**EXERCISE BRIEF**
For this task, copy all of the data below exactly and skip the pictures.

**SOURCE DATA**
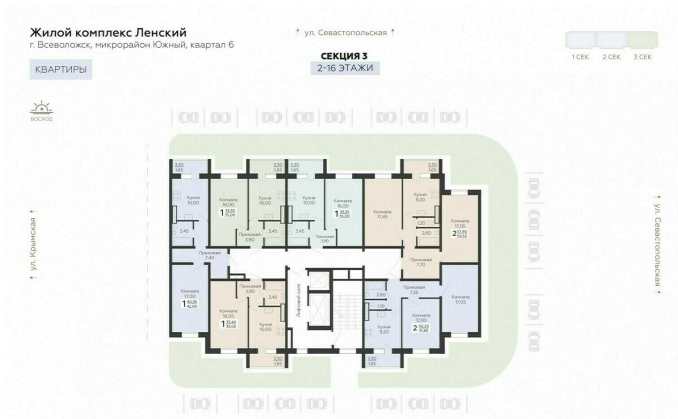

<https://rzv.ru/choice-flat/flat-6889042/>

г. Всеволожск, г. Всеволожск, Южный жилой район, квартал 6
№ квартиры: 205
Этаж: 3
Площадь: 35 кв. м.

Стоимость м2: 129 360
Стоимость: 4 527 600

Действительно на: 23.02.2025

Расположение на этаже

Расположение на генплане
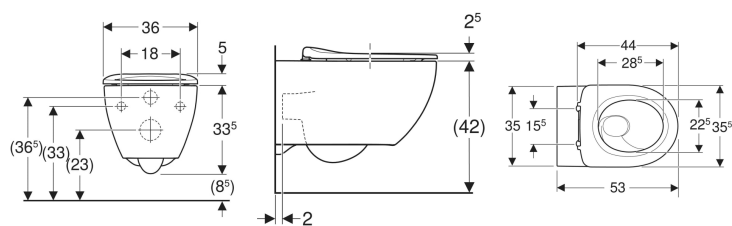

Geberit Acanto Set Wand-WC Tiefspüler, geschlossene Form, TurboFlush, mit WC-Sitzring

Beispielbild

Verwendungszwecke

- Für UP-Spülkästen

Eigenschaften

- Wandhängend
- Tiefspül-WC
- Spülrandlose WC-Keramik mit TurboFlush-Spültechnik

- Einfache Befestigung mit Easy Fast Fixing (Typ EFF3)
- Typ 1, Vollmenge 6 / 5 / 4 l, nach EN 997
- Spült mit 4 l
- Geschlossene Form
- Verdeckte Befestigung

Technische Daten

Werkstoff | Sanitärkeramik

Lieferumfang

- WC-Keramik
- WC-Sitzring
- Befestigungsmaterial

Art.-Nr.	Farbe / Oberfläche	B	H	T	Quick-Release-Scharniere	Absenkautomatik	Befestigung	VE1
502.996.00.1	weiß / KeraTect	36 cm	38.5 cm	53 cm	nein	nein	von oben	1 St.

**RESULT OF THIS EXERCISE**
<https://rzv.ru/choice-flat/flat-6889042/>

г. Всеволожск, г. Всеволожск, Южный жилой район, квартал 6
№ квартиры: 205
Этаж: 3
Площадь: 35 кв. м.

Стоимость м2: 129 360
Стоимость: 4 527 600

Действительно на: 23.02.2025

Расположение на этаже

Расположение на генплане

Geberit Acanto Set Wand-WC Tiefspüler, geschlossene Form, TurboFlush, mit WC-Sitzring

Beispielbild

Verwendungszwecke

- Für UP-Spülkästen

Eigenschaften

- Wandhängend
- Tiefspül-WC
- Spülrandlose WC-Keramik mit TurboFlush-Spültechnik

- Einfache Befestigung mit Easy Fast Fixing (Typ EFF3)
- Typ 1, Vollmenge 6 / 5 / 4 l, nach EN 997
- Spült mit 4 l
- Geschlossene Form
- Verdeckte Befestigung

Technische Daten

Werkstoff | Sanitärkeramik

Lieferumfang

- WC-Keramik
- WC-Sitzring
- Befestigungsmaterial

Art.-Nr.	Farbe / Oberfläche	B	H	T	Quick-Release-Scharniere	Absenkautomatik	Befestigung	VE1
502.996.00.1	weiß / KeraTect	36 cm	38.5 cm	53 cm	nein	nein	von oben	1 St.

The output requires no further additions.